Men are threatened by a strong woman and with his disability, your strength must magnify it and make him feel like a failure. It was HIS "choice" to go to the bottle, even after you asked him not to. His back is probably so bad because he has no muscle tone. Laying in bed all day will atrophy even his legs, not to mention what it does to his back. Save yourself, it's too late for Ron.

Heather Knits said...

I am committed to seeing this through. I just hope I do not end up on neglect charges because he refused to take care of himself; that is one reason I do the blog.

When he is not drinking he is a lot stronger and very seldom falls. But he won't stop. My only consolation being when he drinks he is very relaxed which is good for falls, etc.

Anonymous said...

Seeing a marriage through does not mean that you have to let him stay at home and self destruct. It is in his best interest, and your best interest, that you reach out for help.

I have said it many times; call 911 when he is an incoherent danger to himself. Get it documented by others.

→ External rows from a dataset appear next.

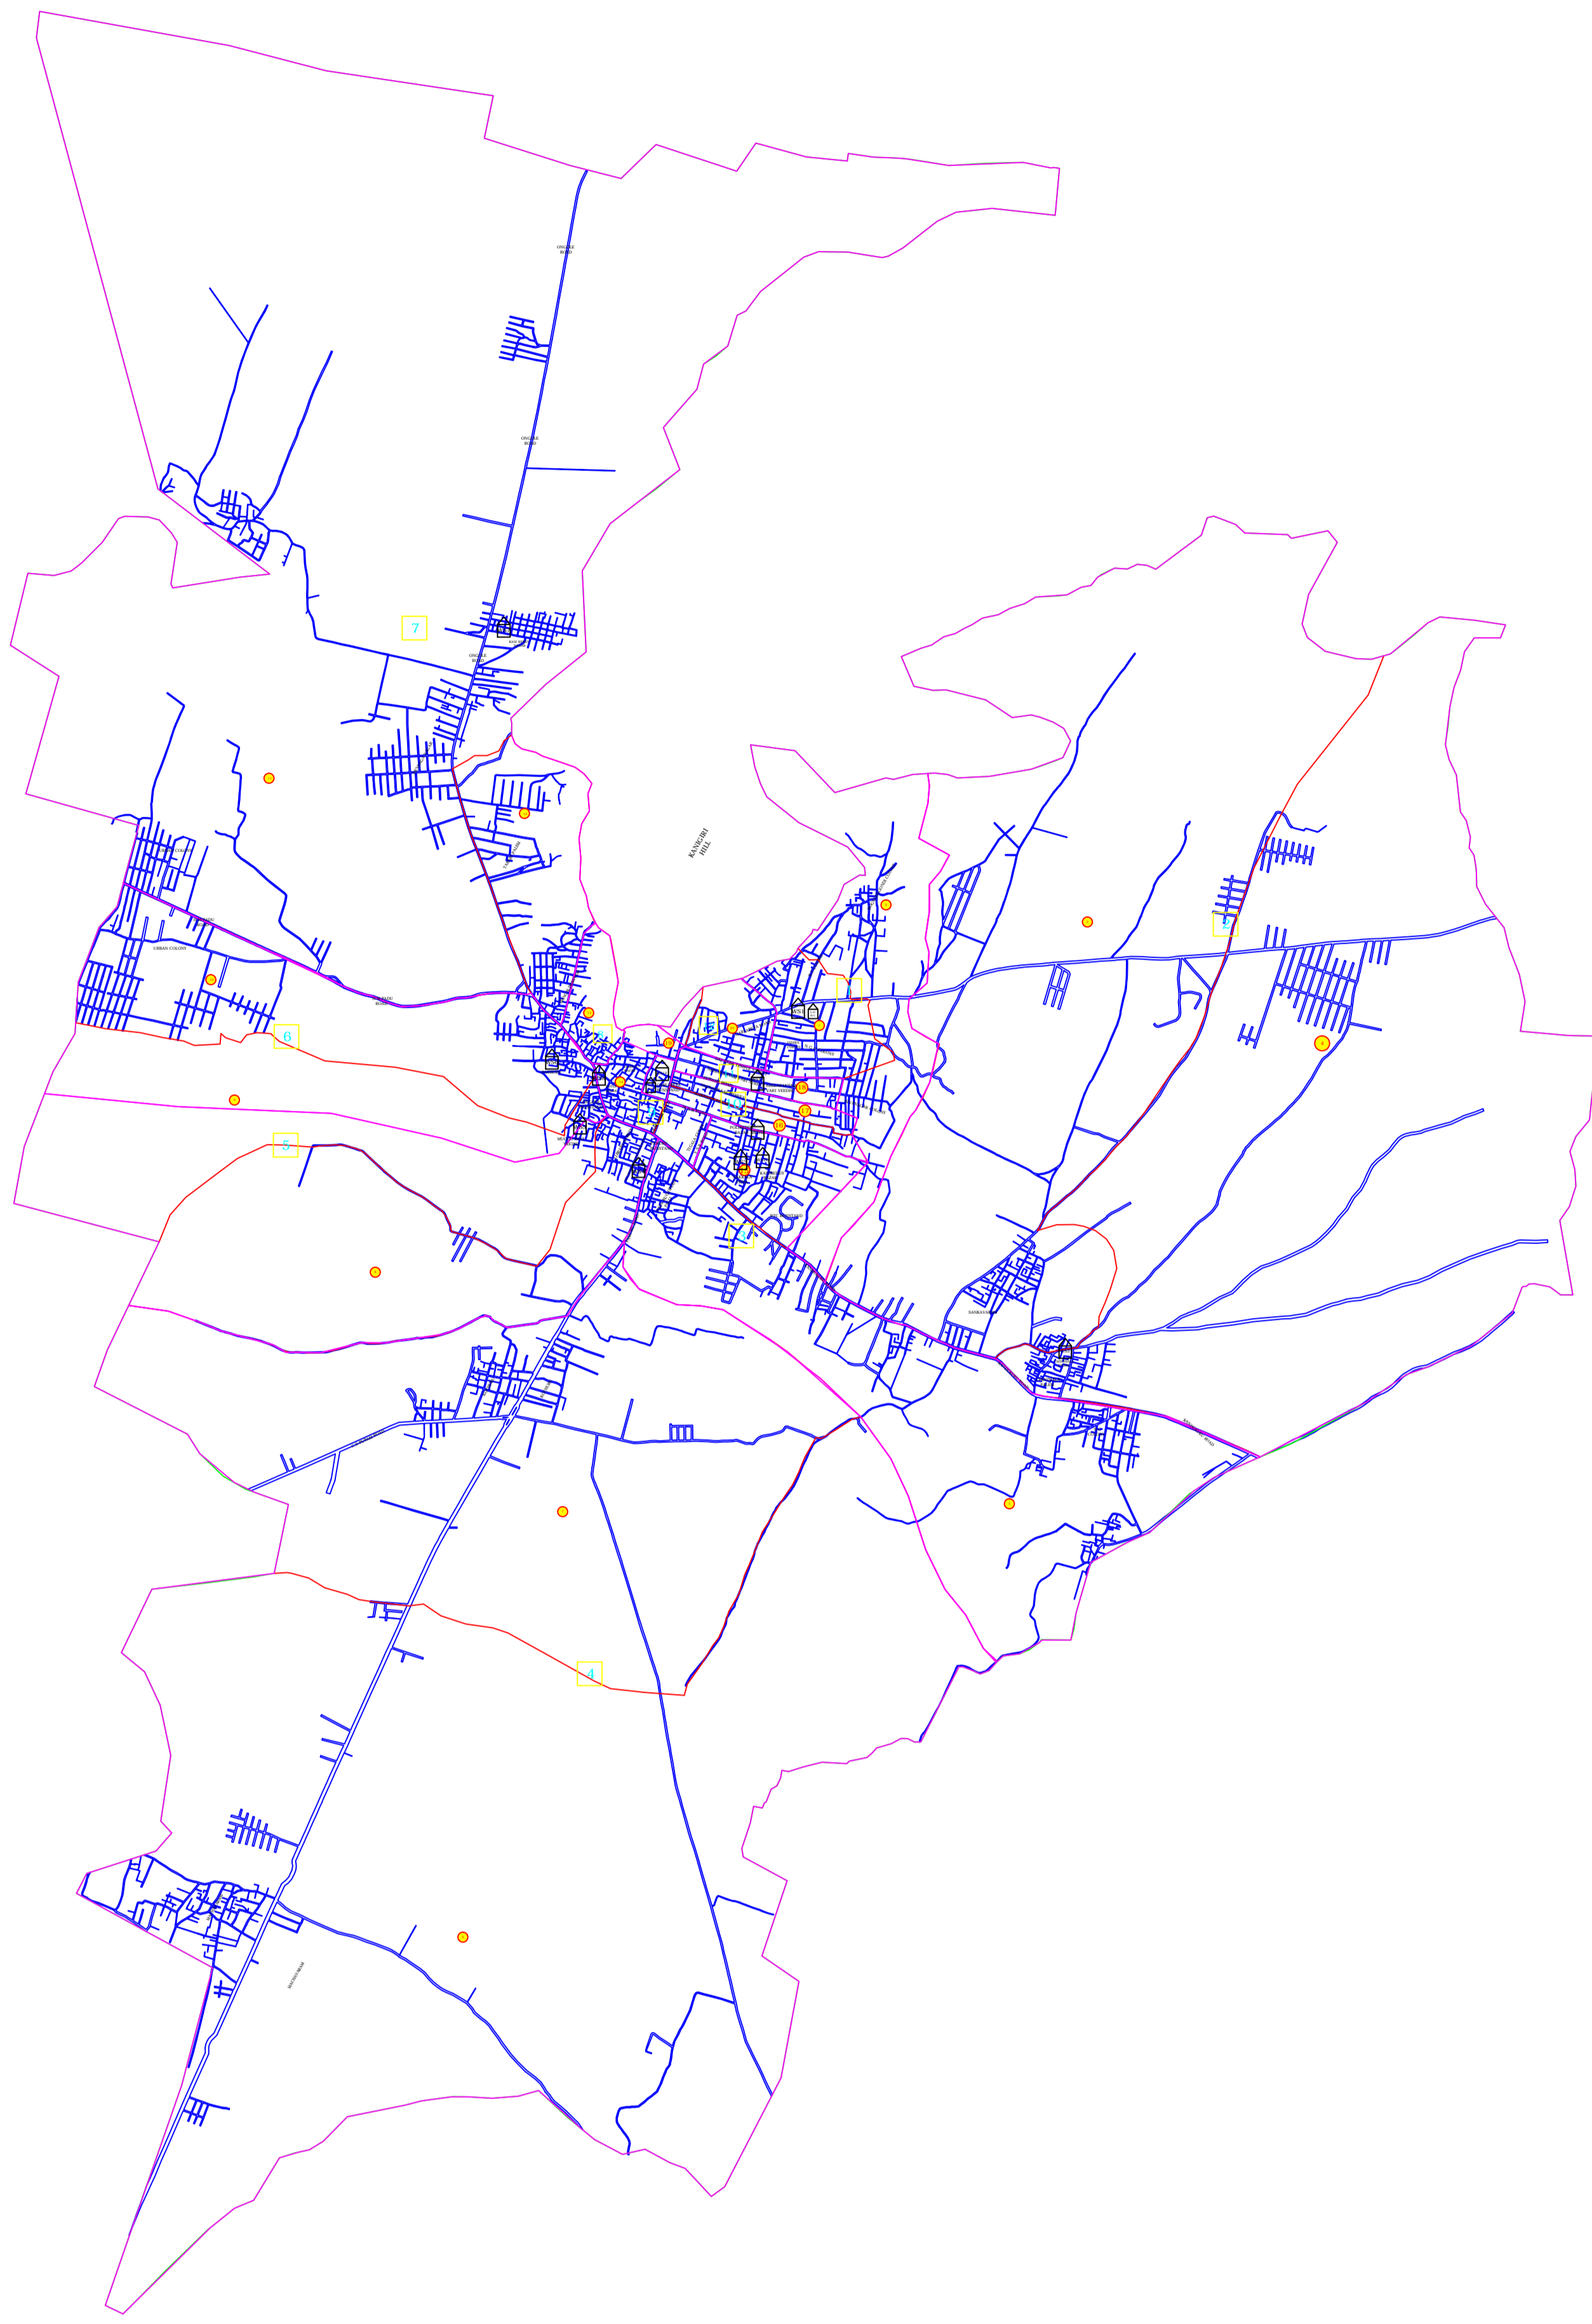

# KANIGIRI BASE MAP WITH SECRETARIAT LOCATIONS

LEGEND	
	ROAD NETWORK
	MUNICIPAL BOUNDARY
	ELECTION WARD BOUNDARY
	RIGHT OF WAY
	WARD SECRETARIAT BOUNDARY
	WARD SECRETARIAT
	ELECTION WARD NO
	WARD SECRETARIAT NO

KANIGIRI NAGARA PANCHAYAT WPRS DETAILS			
S.NO	SECRETARIAT CODE	SECRETARIAT LOCATION	NAME OF THE WPRS
1	21150001	INDIRA COLONY	N.N.G.SAI PAVAN
2	21150002	CHINTALA PALEM	K.RUFIYA(I/C)
3	21150003	NAKKALATIPPA	B.KRISHNANJANEYULU
4	21150004	PAMURU ROAD	N.CHENNA NARAYANA
5	21150005	MUGGUBAVI VEEDHI	R.NARAYANA
6	21150006	PATHURU	G.NAVEEN
7	21150007	KASIREDDY COLONY	SK.AKHIB
8	21150008	BOARD SCHOOL	P.KADHAR VALI(I/C)
9	21150009	POLIREDDY BAAZAR	K.RUFIYA
10	211500010	KASIREDDY BAZAR	M.RAMAKRSIHNA
11	211500011	NEELAKANTAM VARI STREET	G.NAVEEN(I/C)
12	211500012	GARLAPETA ROAD	P.KADAR VALI

You are at risk of abuse or neglect allegations because your husband is a manipulative alcoholic with a head injury who will say ANYTHING about you to make you look bad. Look at how he is carrying on about Baby Girl's haircut. You acted responsibly to protect his cat because he can't take time away from his busy vodka schedule to brush a cat who spends hours each day laying right next to him.

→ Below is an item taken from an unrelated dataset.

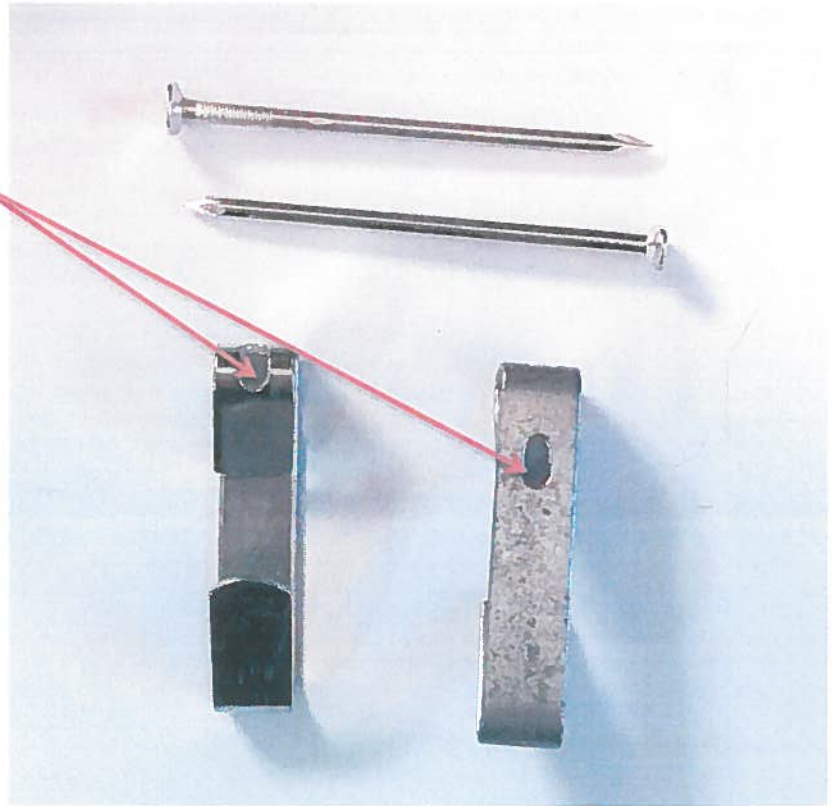

- **Large Single Nail J-hooks:** This style of hanging hardware is typically used for large stretch canvas art pieces, though it should be noted that these are sometimes used on Mirrors or Alternative Wall Décor items when applicable. The Large Single Nail J-hook pack is composed of two individual j-hooks and two nails for each respectively. These j-hooks can be used to hang items directly in drywall.

Figure 3: Large Single Nail J-hook pack. The nail goes through the opening at an angle so the j-hook will sit flush on the wall

Figure 4: Large Single Nail J-hooks side profile

Protect yourself. You deserve better.

Heather Knits said...

"Busy vodka schedule" - very apt.

Anonymous said...

Joe—the Uber driver—I’m glad I helped you with this. I’m sorry Ron is getting worse, but this gives you some freedom!

Heather Knits said...

Joe! Thank you so much.

Ron was freaking out over the latest news report but I notice they didn't talk about cab driver issues, and I have had plenty. Ubers are a lot cleaner, faster, and more professional.